Thankful on Thanksgiving for Oppression?

 

This is my friend, Native American leader Richard Twiss, speaking about the abuse against Natives by the white power structure of our country. The first one minute and twenty four seconds of this video Richard throws it down (because he’s speaking at a conservative Christian college’s chapel service, it seems like he eased up a little on them the last minute of his talk. I’ve heard him bring it for hours before!). Over the last few years Richard has opened my eyes to the atrocious treatment in which the white dominated government of the United States, since day one, has bestowed upon Native Americans.

Did you know that Native American reservations aren’t even owned by Natives? We all think they own their land. They don’t. A person appointed by the President is their liaison to the land they live on, and before anything happens on a Native reservation, this man has to give them approval!

This was their country. We took if from them and now are continuing to oppress them. 

On this day I am thankful, among many, many other things, for one thing in particular:

That Jesus Christ came to this earth as a baby of no status or privilege, incarnating himself into a broken world and righteously loving all of humanity to Him, even though many didn’t, and don’t, want to believe. I am also thankful for Jesus brutally dying on the cross, that my sins are forgiven because I believe in an unchanging God who longs to flood this world and all humanity with redemption and reconciliation to God, and to each other.

With that said, on this thankful day of Thanksgiving, I am thankful for what Jesus did so I, as a white man a part of the dominant culture that has given me extraordinary privilege for doing nothing other than being birthed into a powerful socially constructed group of people, can sincerely apologize for:  

Metaphorically and physically raping and pillaging the Indians over centuries, the thing that created this holiday; and using the death of Christ for the cultural sins of slavery, colonization, the crusades, racism, sexism and anything else that holds others captive because they are not like the dominant culture of the day.

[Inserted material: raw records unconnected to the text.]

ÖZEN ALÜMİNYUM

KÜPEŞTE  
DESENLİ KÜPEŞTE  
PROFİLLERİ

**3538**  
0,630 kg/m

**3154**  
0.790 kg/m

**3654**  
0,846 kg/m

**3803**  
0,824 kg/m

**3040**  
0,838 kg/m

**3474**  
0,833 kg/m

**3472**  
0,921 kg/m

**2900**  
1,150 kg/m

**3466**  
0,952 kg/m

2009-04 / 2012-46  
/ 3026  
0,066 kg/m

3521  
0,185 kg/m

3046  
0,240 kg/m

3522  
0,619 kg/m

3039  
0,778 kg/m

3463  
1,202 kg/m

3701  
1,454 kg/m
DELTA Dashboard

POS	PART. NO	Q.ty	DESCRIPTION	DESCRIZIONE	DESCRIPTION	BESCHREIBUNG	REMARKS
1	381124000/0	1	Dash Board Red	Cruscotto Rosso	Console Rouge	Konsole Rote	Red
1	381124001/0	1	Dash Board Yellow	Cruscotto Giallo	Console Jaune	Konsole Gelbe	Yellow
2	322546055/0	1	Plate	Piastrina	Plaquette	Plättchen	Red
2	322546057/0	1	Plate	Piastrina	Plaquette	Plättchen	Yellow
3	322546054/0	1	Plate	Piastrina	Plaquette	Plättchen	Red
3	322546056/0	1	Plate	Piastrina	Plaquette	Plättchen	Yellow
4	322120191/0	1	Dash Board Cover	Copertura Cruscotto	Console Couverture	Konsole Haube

I’m sorry. And I’m thankful I believe in a God who is bigger than all of my people’s sins committed on behalf of God’s name.

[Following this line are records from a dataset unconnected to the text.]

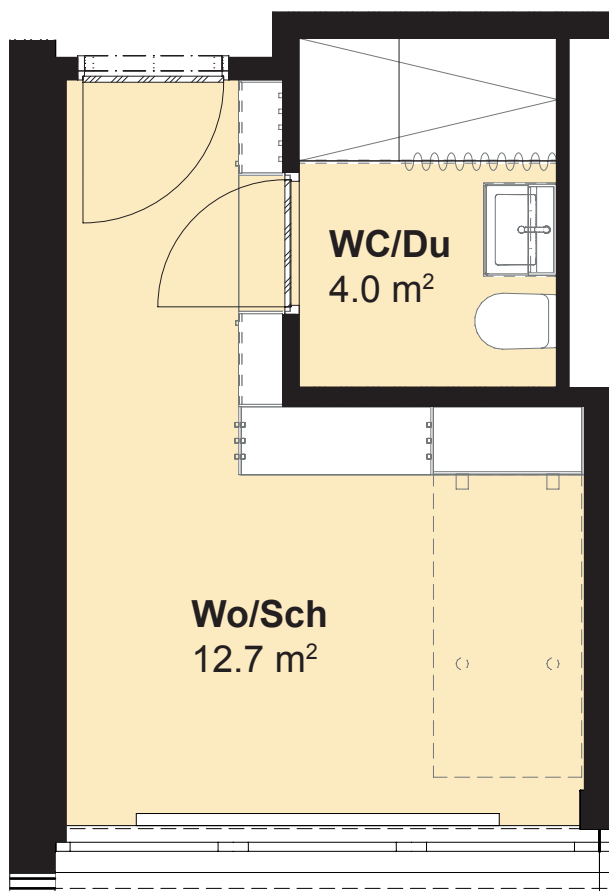

Fläche 17.4 m²

Änderungen und Abweichungen von den publizierten Angaben sind möglich. Es gilt die Ausführung am Objekt.

U36A

WORK | LIVE | BERN

Wangenstrasse 86a, 3018 Bern

Objekt-Nr. 04-20

Typ Studiowohnung

CUBE MICRO

Etage 4. Obergeschoss

Fläche 16.8 m²

Änderungen und Abweichungen von den publizierten Angaben sind möglich. Es gilt die Ausführung am Objekt.

U36A

WORK | LIVE | BERN

Wangenstrasse 86a, 3018 Bern

Objekt-Nr. 04-21

Typ Studiowohnung

CUBE MICRO

Etage 4. Obergeschoss

Fläche 17.4 m²

Änderungen und Abweichungen von den publizierten Angaben sind möglich. Es gilt die Ausführung am Objekt.

U36A

WORK | LIVE | BERN

Wangenstrasse 86a, 3018 Bern

Objekt-Nr. 04-22

Typ Studiowohnung

CUBE MICRO

Etage 4. Obergeschoss

Fläche 17.4 m²

Änderungen und Abweichungen von den publizierten Angaben sind möglich. Es gilt die Ausführung am Objekt.

U36A

WORK | LIVE | BERN
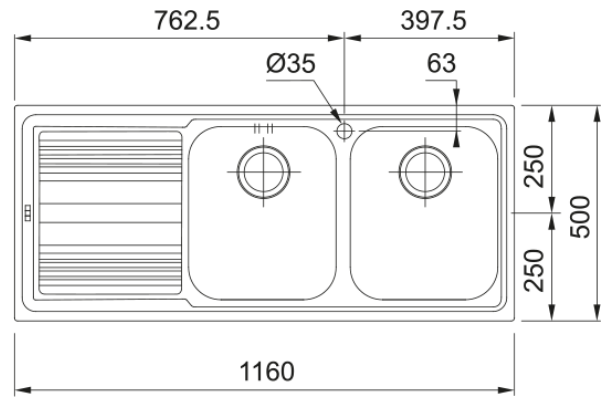

# LLL 621 3 1/2" WWK LHD FRL TH WOF | 101.0261.037

Ανοξείδωτος νεροχύτης Logica Line LLL 621 1160x500mm, σαγρέ, αριστερή ποδιά, περιλαμβάνει σιφόνια και βαλβίδες Κωδικός Προϊόντος : 3011663545

## Διαστάσεις

Εξωτερική διάσταση: μήκος	1160.0
Εξωτερική διάσταση: πλάτος	500.0
Γούρνα 1: μήκος	340.0
Γούρνα 1: πλάτος	400.0
Γούρνα 1: βάθος	180.0
Γούρνα 2: μήκος	340.0
Γούρνα 2 : πλάτος	400.0
Γούρνα 2 : βάθος	180.0
Άνοιγμα πάγκου: μήκος	1140.0
Άνοιγμα πάγκου: πλάτος	480.0

## Εγκατάσταση

Ελάχιστο μέγεθος ντουλαπιού	80 cm
-----------------------------	-------

## Χαρακτηριστικά Προϊόντος

Τύπος εγκατάστασης	Ένθετη
Βαλβίδα	3 1/2"
Θέση ποδιάς	Αριστερά
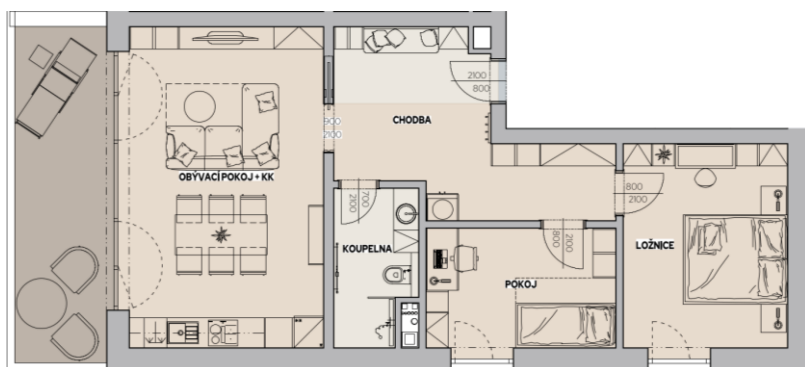

Byt J.201

Dům J · 2. nadzemní podlaží · 3+KK

Půdorys

Copper Bronze Silver Gold Platinum

Podlahová plocha

67,21 m²

Celkem vč. balkonů a teras: 79,69 m²

Balkony/Terasy

12,48 m²

Zahrada

- m²

Výměry místností

Číslo	Místnost	m ²
J.201-01	Chodba	14,43 m ²
J.201-02	Obývací pokoj + kuchyňský kout	25,15 m ²
J.201-03	Koupelna	4,97 m ²
J.201-04	Pokoj	9,12 m ²
J.201-05	Ložnice	13,53 m ²
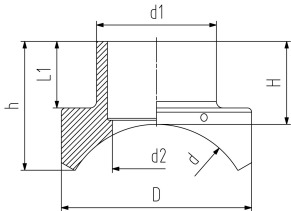

## Anslutningssadel ELGEF Plus Topload PE100 avstick 315 - 500 mm

- PE100 SDR17
- 5 bar gas / 10 bar vatten
- Vinkeladapter (799.350.340) krävs för svetskabel
- Anslutningssadel får endast installeras med montageset TL500 (799.300.809)
- 4 mm svetsstift
- Avstick med slätända för stum- eller elektrosvetsning
- Ingen tryckreduktionsfaktor
- Med integrerad gänga för trycktest med separat trycktesthuv 799.199.288

d (mm)	d1 (mm)	Artikelnr.	RSK	Vikt (kg)	d2 (mm)	D (mm)	L (mm)	L1 (mm)	h (mm)	H (mm)	SDR rör
710	315	<b>193 135 676</b>	<b>253 56 17</b>	14,000	250	500	500	174	296	216	11 - 33
800	315	<b>193 135 686</b>	<b>253 56 18</b>	13,500	250	500	500	174	287	216	11 - 33
900	315	<b>193 135 696</b>	<b>253 56 19</b>	13,100	250	500	500	174	282	216	11 - 33
900	500	<b>193 135 698</b>	<b>253 56 20</b>	32,600	397	700	700	237	406	280	11 - 33
1000	315	<b>193 135 706</b>	<b>253 56 21</b>	12,800	250	500	500	174	274	216	11 - 33
1000	500	<b>193 135 708</b>	<b>253 56 22</b>	31,400	397	700	700	237	397	280	11 - 33
1200	315	<b>193 135 716</b>	<b>253 56 23</b>	12,300	250	500	500	174	267	216	11 - 33
1200	500	<b>193 135 718</b>	<b>253 56 24</b>	29,400	397	700	700	237	377	280	11 - 33
1400	315	<b>193 135 726</b>	<b>253 56 25</b>	11,900	250	500	500	174	257	216	11 - 33
1400	500	<b>193 135 728</b>	<b>253 56 26</b>	28,100	397	700	700	237	362	280	11 - 33
1600	315	<b>193 135 736</b>	<b>253 56 27</b>	11,700	250	500	500	174	252	216	11 - 33
1600	500	<b>193 135 738</b>	<b>253 56 28</b>	27,100	397	700	700	237	352	280	11 - 33
2000	315	<b>193 135 746</b>	<b>253 56 29</b>	11,300	250	500	500	174	246	216	11 - 33
2000	500	<b>193 135 748</b>	<b>253 56 30</b>	25,700	397	700	700	237	337	280	11 - 33
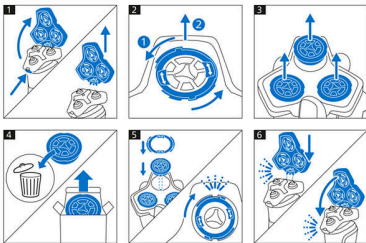

Jednostavna zamena

1. Pritisnite dugmad za oslobađanje i odvojite držač glave za brijanje. 2. Uklonite zaustavne prstenove tako što ćete ih okrenuti suprotno od

smera kazaljke na satu. 3. Uklonite stare glave za brijanje i umetnite zamenske (trebalo bi da se žlebovi precizno uklapaju sa ispućenjima). 4. Vratite zaustavne prstenove i okrenite ih u smeru kazaljke na satu tako da čujete „klik“. 5. Vratite držač glave za brijanje na mesto i zatvorite.

Please watch the video of Richard. It’s powerful. Here is Richard’s website and here you can find him on YouTube.

Much love.

www.themarinfoundation.org

About Andrew Marin

Andrew Marin is President and Founder of The Marin Foundation (www.themarinfoundation.org). He is author of the award winning book Love Is an Orientation (2009), its interactive DVD curriculum (2011), and recently an academic ebook titled Our Last Option: How a New Approach to Civility can Save the Public Square (2013). Andrew is a regular contributor to a variety of media outlets and frequently lectures at universities around the world. Since 2010 Andrew has been asked by the United Nations to advise their various agencies on issues of bridging opposing worldviews, civic engagement, and theological aspects of reconciliation. For twelve years he lived in the LGBT Boystown neighborhood of Chicago, and is currently based St. Andrews, Scotland, where he is teaching and researching at the University of St. Andrews earning his PhD in Constructive Theology with a focus on the Theology of Culture. Andrew's research centers on the cultural, political, and religious dynamics of reconciliation. Andrew is married to Brenda, and you can find him elsewhere on Twitter (@Andrew_Marin), Facebook (AndrewMarin01), and Instagram (@andrewmarin1).

  • Nathalie A

    so true! i love how he says the story from the native american/first nations perspectives. “we discovered christopher columbus aimlessly wandering at sea.”
    i checked out his website and i’d love to hear him discuss the view that native ways are demonic/pagan. he mentions the beauty in them. but what does he think? often times we r quick to label the other as wrong/evil. and sometimes it may be. but i’d like to understand that more deeply.

    i always appreciate all the important issues you help us to remember

  • Mrs T

    Natives are another group that has been so slighted. What info do you have on LGBT Natives? I’d love to know.

    On a lighter note: That hair is awesome! Is he willing to donate any to me?

  • Anonymous

    Love the Lakota people.

    I also love what Broken Walls is doing to promote love and healing:

    http://www.BrokenWalls.com

    They also partner with Wiconi when the opportunity arises.

    I love worshiping our Triune God with drums and native dancing!